**** RECORDS SUPPLIED
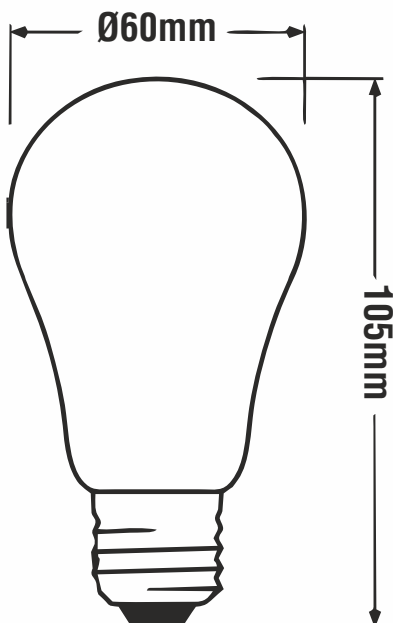

#### Dimensions:

#### Features:

- Voltage: 220-240 V/AC 50Hz
- Power: 6W
- Lumen Output: 600lm
- CRI>80
- Beam Angle: 360°
- Non-Dimmable
- Direct replacement for standard 60W incandescent lamps
- Materials: Aluminium + Glass (Clear)
- Base type: E27 / B22
- Operating temperature: -20° to +40° Celsius
- Low power consumption
- No mercury, No radiation, No UV
- Life span: 20,000 hours.
- Warranty: 2 years.
- CE/ROHS Certifications
********
:: PROBLEM REQUIREMENTS ::
Nothing but the lines from the one containing "- No mercury, No radiation, No UV" through the last line of the data above should be given again, each exactly as it stands.

:: RESULT ::
- No mercury, No radiation, No UV
- Life span: 20,000 hours.
- Warranty: 2 years.
- CE/ROHS Certifications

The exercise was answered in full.